Warning: Everyone, including you, is at risk of tax return fraud
BOISE, Idaho (KBOI) -- Prepare yourself: if you've ever used a credit card or given personal information in paperwork, the Idaho State Tax Commission has a warning for you. The commission says almost everyone is at risk of tax return fraud.
"A lot of us, our information is already in a number of databases we may not even be aware of," said Tawnya Eldredge, tax identity fraud expert with the Idaho State Tax Commission.
With security breaches happening more and more, Eldredge says she is seeing an increase in forged tax returns.

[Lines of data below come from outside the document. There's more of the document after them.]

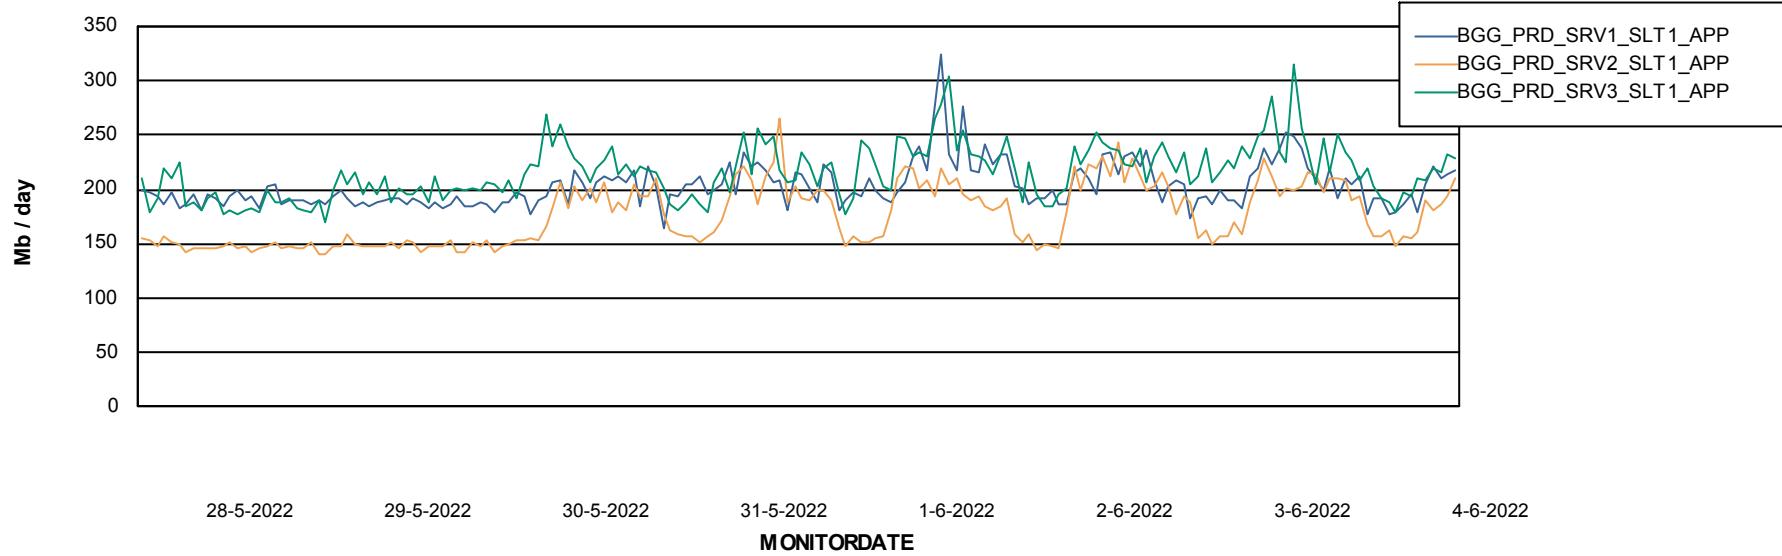

ABSSolute Application Server Services

Avg memory used per ABS Server Service
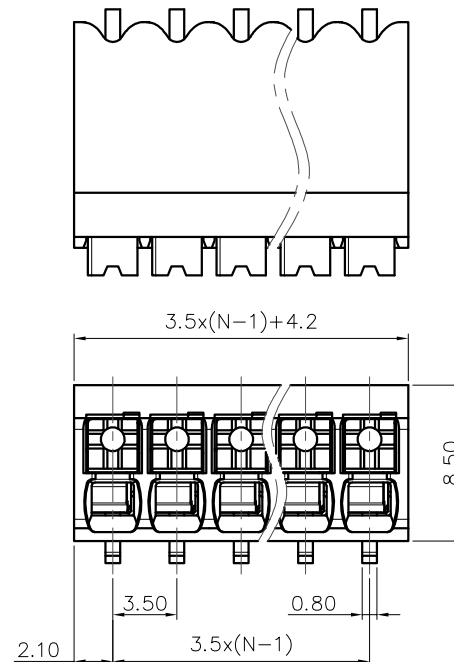

Pitch range in mm		Nominal dimension range in mm					0.1/10	
TO	Over	Over	Over	Over	Over			
6	10	10	30	60	100	150		
±0.15	±0.20	±0.30	±0.30	±0.50	±0.70	±1.00	±1.30	±2'

6.RoHS Compliance

Ordering Information

JL212R-SMT- 350 XX B P 1

Pitch
350=3.50PH

No.of pins
2P~24P

Housing Color
 B=Black
 G=Green
 U=Blue
 R=Red
 W=White
 Y=Yellow
 □=Orange
 E=Grey

Packing
 0=Pe bag
 T=Tube
 A=Tray
 P=Tube+Cap
 R=Reel+Cap
 M=Reel+Mylar
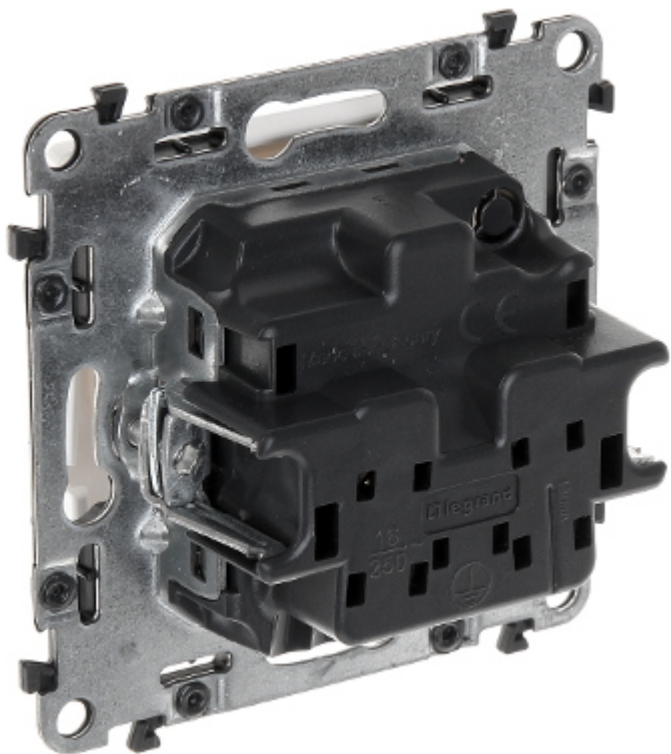

Rear view:

Connectors view:
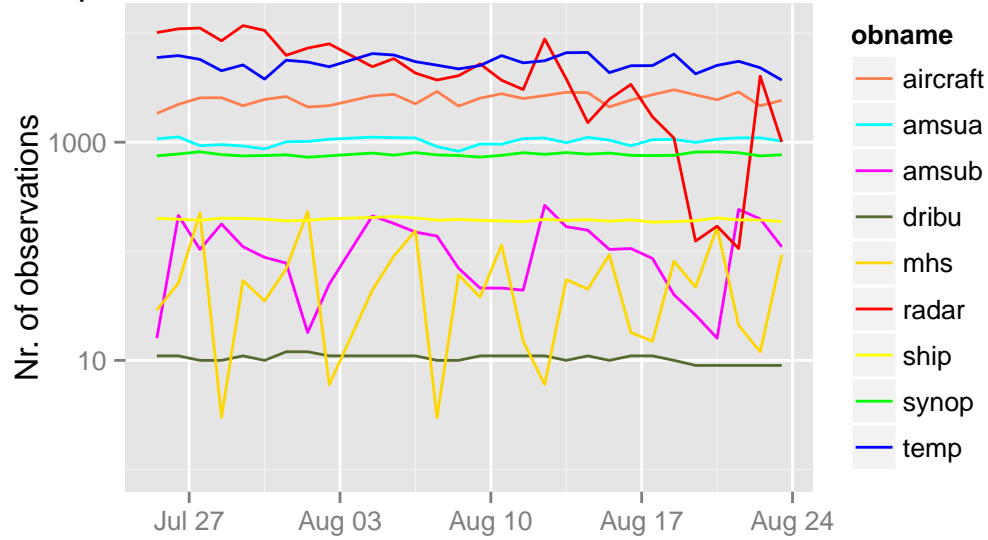

/opdata/arome2_5_main/ccma/ts/ccma.db 12 UTC
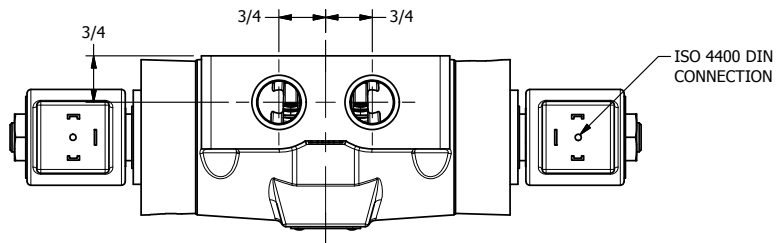

4

3

2

1

AAA
PRODUCTS
INTERNATIONAL

**AAA PRODUCTS
INTERNATIONAL**
7114 Harry Hines Blvd
Dallas, TX 75235

TITLE: 1/2" SIDE PORT, DBL SOL, 3 POS,
SPR CTR, SOL RTRN, CLSD CTR SPL,
ISO 4400 DIN

PART NO.:
DIM_SY4ED
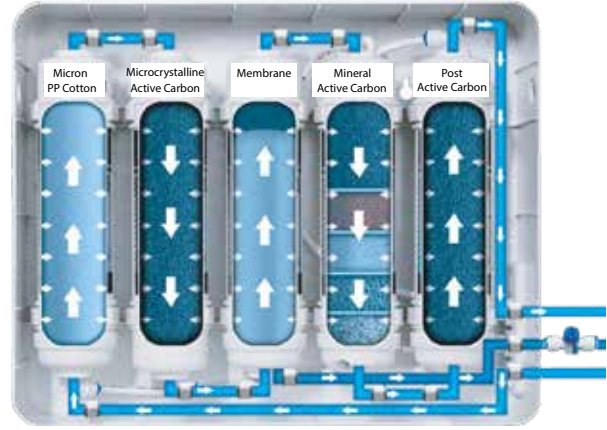

1 Ceramic + 5 Stage + Sus304 Filter Tap
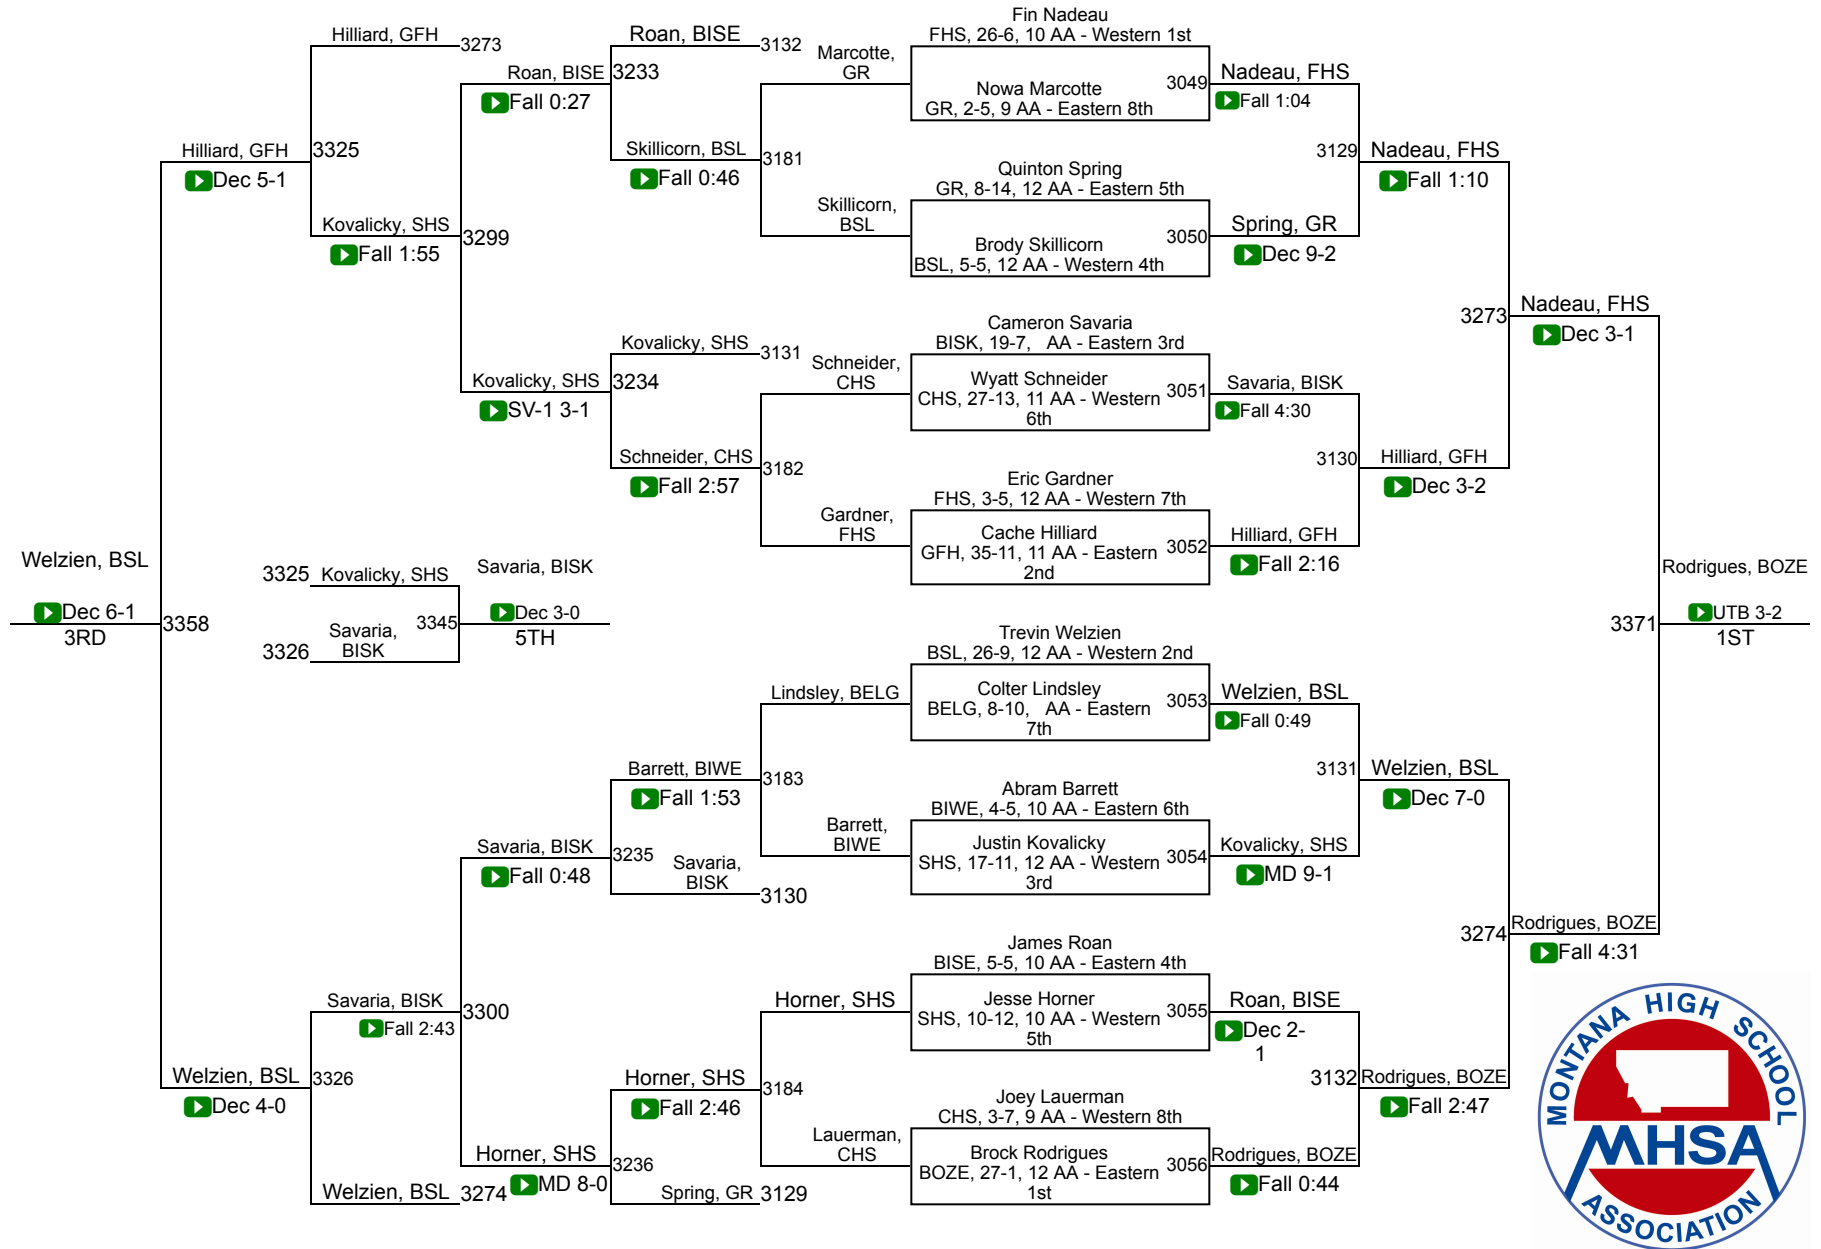

MHSA State Championships

AA - 145
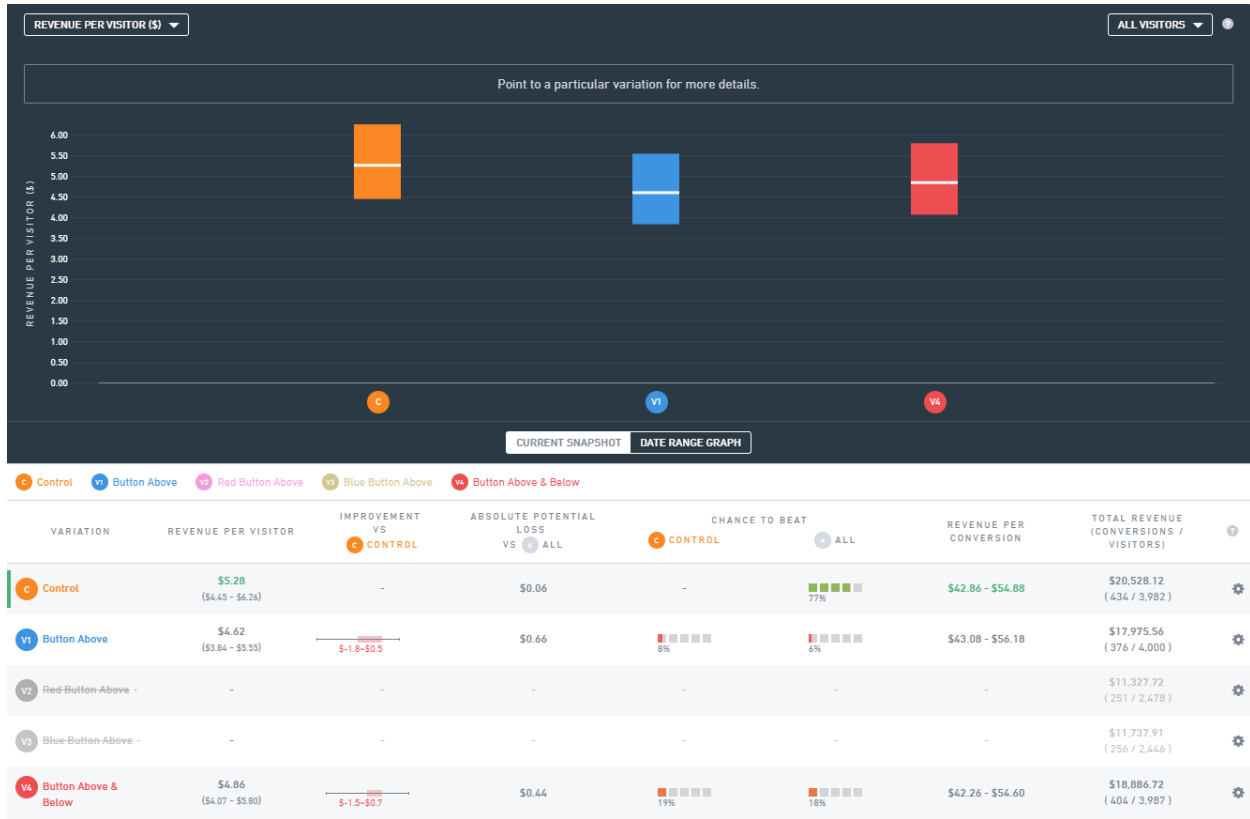

CENTERED

OFFSET

Quantity

Add to Cart

Button Above Red:

Results:

Revenue Chart

Checkout Page Visits:
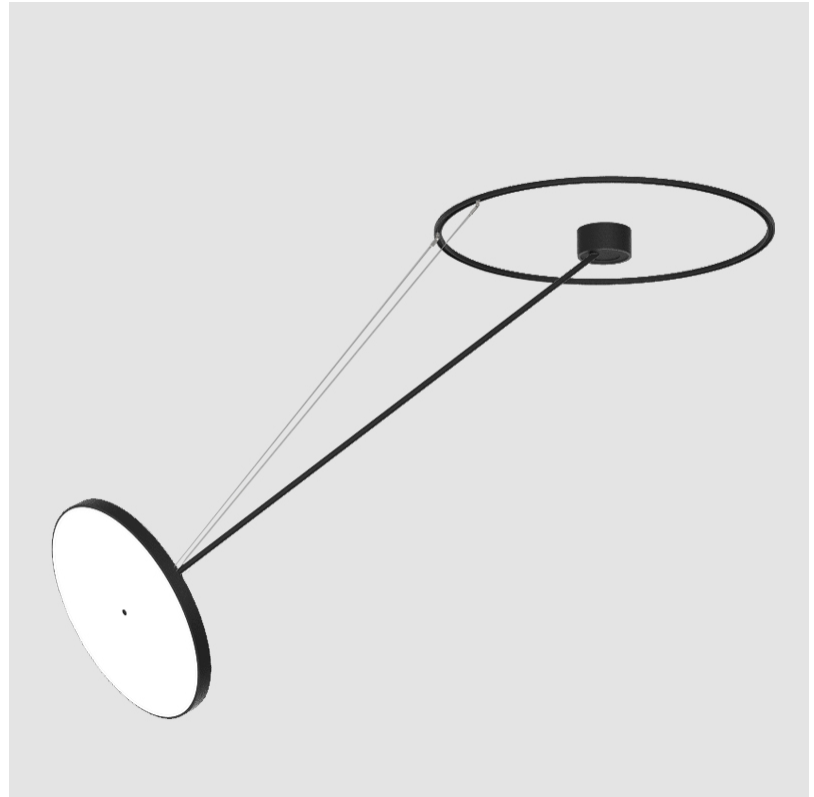

GENERAL

Series: Sign Diva Dancer
Subseries: Sign Diva Dancer
Partner: Prolicht
Division: Architectural
Installation: Suspension
Product Type: Pendant
Mounting Location: Ceiling
Light Distribution: Adjustable

PHYSICAL

Shape: Round
Diameter (mm): 570
Diameter (in): 22 7/16
Height (mm): 1620
Height (in): 63 3/4
Weight (kg): 6.0
Weight (lbs): 13.22
Diffuser: PMMA - Opal / Micro-Prism / Sparkling Secret / Vintage Industrial
Fixture Finish: SSR / BKV / CWI / CRY / HAB / UFT / ITA / RUA / FTG / MYG / LOD / PUS / FRO / FUP / KIA / POP / BLS / SPG / MEY / GOH / CHC / COM / ABZ / JAG / OBR / MOS / ROR
Fixture Material: PMMA / Extruded Aluminum / Steel

ELECTRICAL

Lamp Type: LED (Zhaga Standard)
Input Wattage (W): 58.3
Total Output Wattage (W): 46.9
Dimming: Tri-Mode (Non-Dimming and Phase Dimming (120Vac only) and 0-10V Dimming)
Driver Included: Yes
Driver Location: Integrated
Driver Type: Constant Current - Universal
Driver Class: Class 2
Input Voltage (V): 120 - 277
Constant Current (MA): 350

LED

Color Temperature (°K): 3000 / 3500 / 4000
Max. Delivered Lumen (lm): 6120 / 6233 / 6360
CRI: >90 CRI
Lamp Life (hrs): 50000

OPTICAL

Adjustability: Rotational Canopy 170°; Tilting Canopy ±50°; Tilting Head ±90°

RATINGS AND CERTIFICATIONS

Certified By: Certified for North American Standards
IP rating: IP20

According to the Eldredge, in 2011, the State Tax Commission worked with just five victims of tax return fraud, who went to file their taxes and found out someone had already done it. But by 2013, that number ballooned to 170. And the commission says it's already seen about 60 victims in Idaho so far this season.
Eldredge says all someone needs to commit the fraud is your personal information and a computer with internet access. Thieves can file your tax return online without even knowing where you work. Eldredge says sometimes, they get away with making fake W-2s.
"We have a lot of big companies out there," Eldredge told KBOI. "Big companies with lots of employees, so if they get hold of enough information to copycat that company...you may never have worked for that company, or any company even in that industry, but, they file a tax return so that they can get that through with whatever information that they have put together to make it look legitimate."
Eldredge says these people file return after return, and if even just a few come through, the profit is worth their while.
And if yours is one they get away with, you're in for some trouble trying to fix it. The IRS will still work to get your return to you, but it's a long process with a lot of work on your end.
Eldredge says there is no way to assure your identity won't be stolen. But you can still prevent a big tax season headache by monitoring your credit card and bank accounts. Eldredge says catching suspicious activity there is much easier than finding out after someone has already filed your taxes.